▶ [Problem]: Report every line of the records beneath this task that holds the string "from".

▶ [Data shown]:
========================

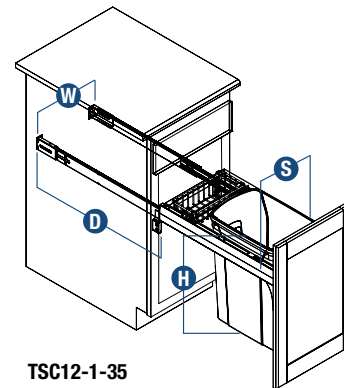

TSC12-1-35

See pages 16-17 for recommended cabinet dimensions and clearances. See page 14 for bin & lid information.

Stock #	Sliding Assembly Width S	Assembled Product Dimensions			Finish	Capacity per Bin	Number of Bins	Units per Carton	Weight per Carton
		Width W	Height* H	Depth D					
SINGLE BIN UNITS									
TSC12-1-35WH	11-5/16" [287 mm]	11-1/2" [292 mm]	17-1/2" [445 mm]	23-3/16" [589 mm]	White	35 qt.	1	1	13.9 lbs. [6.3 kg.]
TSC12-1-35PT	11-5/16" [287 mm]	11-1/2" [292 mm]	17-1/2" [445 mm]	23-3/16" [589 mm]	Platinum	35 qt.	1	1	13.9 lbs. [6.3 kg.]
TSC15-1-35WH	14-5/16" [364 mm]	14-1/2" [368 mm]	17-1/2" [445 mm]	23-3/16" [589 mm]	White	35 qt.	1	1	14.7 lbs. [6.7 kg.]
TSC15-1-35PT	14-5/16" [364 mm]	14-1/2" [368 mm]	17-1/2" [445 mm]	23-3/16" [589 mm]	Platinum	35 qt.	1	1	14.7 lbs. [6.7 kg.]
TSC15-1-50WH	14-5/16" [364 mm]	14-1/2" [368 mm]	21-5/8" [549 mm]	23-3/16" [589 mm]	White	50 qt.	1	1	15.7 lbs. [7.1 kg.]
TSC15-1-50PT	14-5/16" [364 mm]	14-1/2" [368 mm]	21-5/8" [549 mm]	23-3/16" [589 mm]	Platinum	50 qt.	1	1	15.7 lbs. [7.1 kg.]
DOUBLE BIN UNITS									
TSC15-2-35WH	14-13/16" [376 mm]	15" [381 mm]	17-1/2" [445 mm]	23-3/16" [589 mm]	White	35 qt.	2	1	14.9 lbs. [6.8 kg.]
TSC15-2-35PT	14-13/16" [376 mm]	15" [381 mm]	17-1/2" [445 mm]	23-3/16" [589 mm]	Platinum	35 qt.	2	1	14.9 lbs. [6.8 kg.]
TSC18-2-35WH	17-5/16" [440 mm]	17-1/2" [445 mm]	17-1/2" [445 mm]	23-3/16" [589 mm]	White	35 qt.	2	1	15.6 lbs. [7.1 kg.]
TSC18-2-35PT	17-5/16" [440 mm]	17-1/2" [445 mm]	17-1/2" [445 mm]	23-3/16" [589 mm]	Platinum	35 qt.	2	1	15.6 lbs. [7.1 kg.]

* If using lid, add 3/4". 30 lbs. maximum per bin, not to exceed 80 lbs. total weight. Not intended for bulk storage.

========================

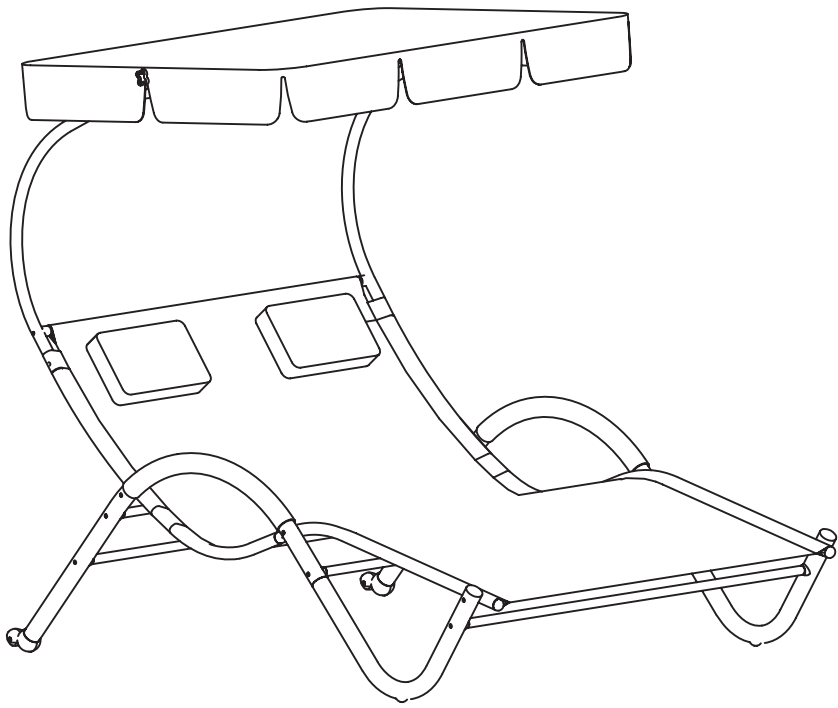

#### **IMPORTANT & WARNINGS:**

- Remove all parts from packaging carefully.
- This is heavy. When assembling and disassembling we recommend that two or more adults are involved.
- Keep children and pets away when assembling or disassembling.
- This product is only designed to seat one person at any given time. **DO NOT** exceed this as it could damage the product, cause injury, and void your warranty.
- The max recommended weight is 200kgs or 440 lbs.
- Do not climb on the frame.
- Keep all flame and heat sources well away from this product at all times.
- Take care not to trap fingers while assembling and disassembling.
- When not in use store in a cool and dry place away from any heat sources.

========================

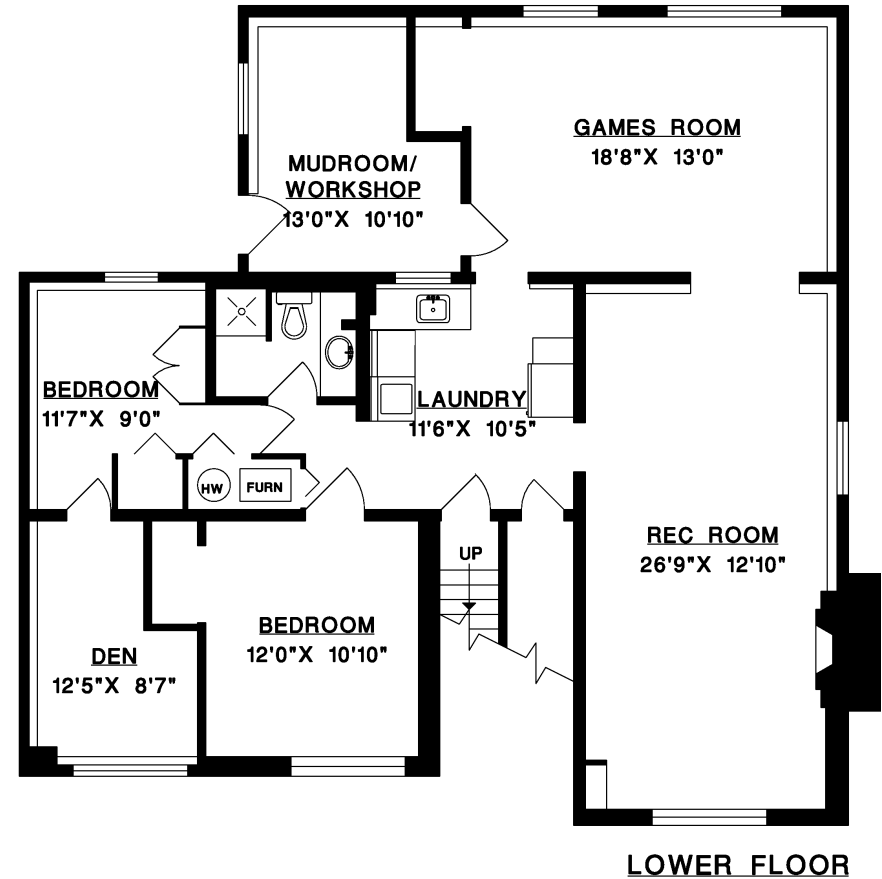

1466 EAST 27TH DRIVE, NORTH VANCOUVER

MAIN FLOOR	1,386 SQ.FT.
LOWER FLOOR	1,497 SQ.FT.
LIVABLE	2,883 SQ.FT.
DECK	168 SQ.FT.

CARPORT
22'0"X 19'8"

========================

▶ [Your response]:
- Remove all parts from packaging carefully.
- Keep all flame and heat sources well away from this product at all times.
- When not in use store in a cool and dry place away from any heat sources.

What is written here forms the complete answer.